*Brief*
What lines of the listing include the string "Rodzaj"? Show them all.

*Exercise data*
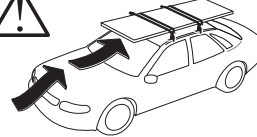

Thule SquareBar Evo  
4 kg / 8.9 lbs

Thule ProBar Evo  
5,5 kg / 12.2 lbs

**i**

Your Key-Number

Max 130 km/h  
80 Mph

80 km/h  
50 Mph
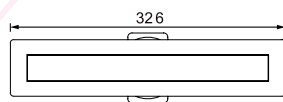

Autre

Dimensions : L326xW100xH67mm

Vue arrière
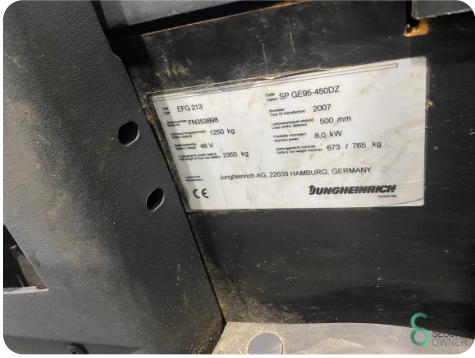

Gabelstapler - Jungheinrich EFG 213

Gabelstapler - Jungheinrich EFG 213

WKH6.348

Elektrisch

4580mm

1300kg

5264

2007

Marke Jungheinrich

Modell EFG 213

Baujahr 2007

Spezifikationen

Antrieb Elektrisch

Kapazität 500Ah

Marke/Typ Midac

Batteriespannung 48V
g

Optionen Frei-hub

Freihub 1540mm

Abmessungen

Länge 1900

Breite 1150

Höhe 2000

Gewicht 2733

Havenweg 6
6603AS Wijchen
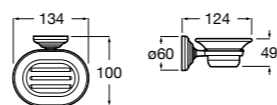

Carmen
817005001 Настенная мыльница.
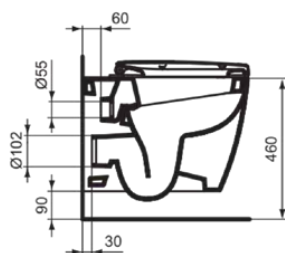

## E607501

CONNECT FREEDOM | Miska wisząca 360x540x340 mm w biały potyskujący wykończeniu, CL1 pełne sptukiwanie 4.5 - 6 l/min, odptyw poziomy | CL1, CL2

### Informacje ogólne

Rodzaj produktu:	Toalety
Rodzaj produktu podrzędnego:	Miska wisząca
Marka:	Ideal Standard
Nazwa zestawu:	CONNECT FREEDOM
Projektant:	Studio Levien
Colour:	01 - Biały Potyskujący
Efekt wykończenia powierzchni:	błyszczący
Wysokość (mm):	340
Szerokość (mm):	360
Długość / Wysunięcie (mm):	540
Metoda mocowania:	Śruby mocujące
Waga netto (kg):	33.90
Kod EAN:	5017830451662
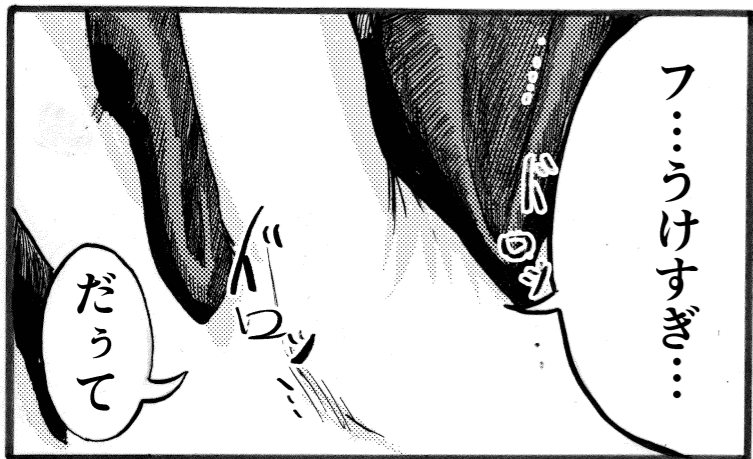

## 怪奇事件

東京駅

最近できたこの建物には  
妙な噂がある

午前零時に  
不思議な場面が  
現れる

そのような話しがある。

私は探偵

依頼人の頼みを受け、

ここに着いた。

おせーよ

?!

はい!

カッター!

ごめんねー  
私達はチャンネルの  
配信をしています。

貴方の服装が  
まるで大正時代の  
探偵だったから!

思わずビデオに  
撮らせて  
もらってました  
お詫びに何でもあげよう

おっ

*Answer space*
Rodzaj produktu:	Toalety
Rodzaj produktu podrzędnego:	Miska wisząca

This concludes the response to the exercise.